The function \(f(x, y)\) is a joint probability distribution or probability mass function of the discrete random variables \(X\) and \(Y\) if

  1. \(f(x,y)\ge 0\) for all \((x,y)\),
  2. \(\sum_x \sum_y f(x,y)=1\),
  3. \(P(X=x, Y=y)=f(x,y)\)

5.3.5 Marginal distribution \(X\) and \(Y\) (discrete)

The marginal distributions of \(X\) alone and of \(Y\) alone are

  1. \(f_X(x)=\sum_y f(x,y)\)
  2. \(f_Y(y)=\sum_x f(x,y)\)

5.3.6 Stochastic independence of Jointly Distributed Random Variables

If \(f(x,y)=f_X(x)\times f_Y(y)\) for all \(x\) and \(y\) the then the random variables \(X\) and \(Y\) will said to be independent.

5.3.7 Covariance and correlation between \(X\) and \(Y\)

Covariance

\[ Cov(X,Y)=\sigma_{XY}=E \left[ (X-\mu_X)(Y-\mu_Y)\right] \]

In other way,

\[ Cov(X,Y)=\sigma_{XY}=E(XY)-\mu_X\mu_Y \]

Correlation coefficient

\[ \rho=\frac{\sigma_{XY}}{\sigma_X \sigma_Y}\ \ ; -1\le\rho\le+1 \]

5.3.8 Laws of Expected Value and Variance of the Linear combination of Two Variables

Suppose a new random variable is \(Z\) as follows:

\[ Z=aX+bY \]

Where \(a\) and \(b\) are both constants.

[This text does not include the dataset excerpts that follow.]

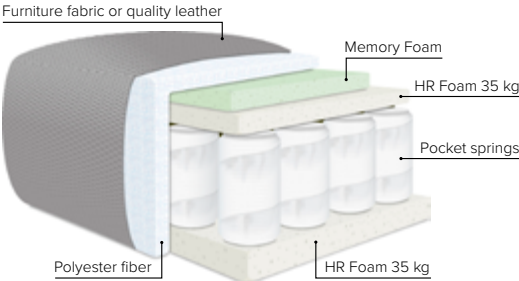

# COMBINATIONS Choose from available sofa models

bellus®

**NANTES FOOTSTOOL**  
Height: 43 cm

- SEAT:** **Cloud System:** Pocket springs + HR Foam 35 kg covered with memory foam and 200 g fiber
- BACK:** Siliconized polyester fiber  
Fixed seat cushions, fixed back cushions
- ARMREST:** Foam 25-30 kg

- Armrest pillow:** Foam 25 kg + siliconized polyester fiber 300-600 g
- DECO PILLOWS:** Not included in this sofa model  
Additional pillows can be ordered separately
- FRAME:** Plywood + wood + foam 25 kg
- LEG OPTIONS:** Standard: Leg 15 (metal, h: 17 cm)

All measurements are approximate, +/- 3 cm. Sofa height measured with leg 15.  
Please visit [www.bellus.com](http://www.bellus.com) for the latest product versions.

  1. \(E(Z)=E(aX+bY)=aE(X)+bE(Y)\),
  2. \(Var(Z)=Var(aX+bY)=a^2 Var(X)+b^2 Var(Y)+2ab \ \ Cov (X,Y)\)

N.B: If \(X\) and \(Y\) are independent, \(Cov(X,Y ) = 0\).

5.3.9 Some problems on discrete joint distribution

Problem 7.5.1 The joint probability distribution of X and Y is shown in the following table.

a. Determine the marginal distributions of \(X\) and \(Y\) .

b. Compute the covariance and coefficient of correlation between \(X\) and \(Y\) .

c. Develop the probability distribution of \(X + Y\) .

d. Find \(P(X+Y\le 3)\).

Problem 7.5.2 After analyzing several months of sales data, the owner of an appliance store produced the following joint probability distribution of the number of refrigerators and stoves sold daily.

a. Find the marginal probability distribution of the number of refrigerators sold daily.

b. Find the marginal probability distribution of the number of stoves sold daily.

c. Compute the mean and variance of the number of refrigerators sold daily.

d. Compute the mean and variance of the number of stoves sold daily.

e. Compute the covariance and the coefficient of correlation.

5.4 Continuous r.v and Probability density function (PDF)

Definition: A continuous r.v \(X\) must have a probability density function (PDF) \(f(x)\) such that

\(1) f(x) \ge 0\) [Non-negativity]

\(2) \int_{x\in \mathbb{R}} f(x)dx =1\) [Total AREA under the curve \(f(x)\) always 1]

5.4.1 Illustration with an example

Given \(f(x)=\frac{1}{2}x \ \ ; 0\le x\le 2\)

a) Show/plot the graph of \(f(x)\).

b) Is \(f(x)\) a PDF?

c) Find \(P(X<1.0)\).

d) Find \(P(X=1.0)\)

Solution:

(a)

b) Here, \(f(x)\ge 0\) for all values of \(x\) in the interval \(0\le x\le2\).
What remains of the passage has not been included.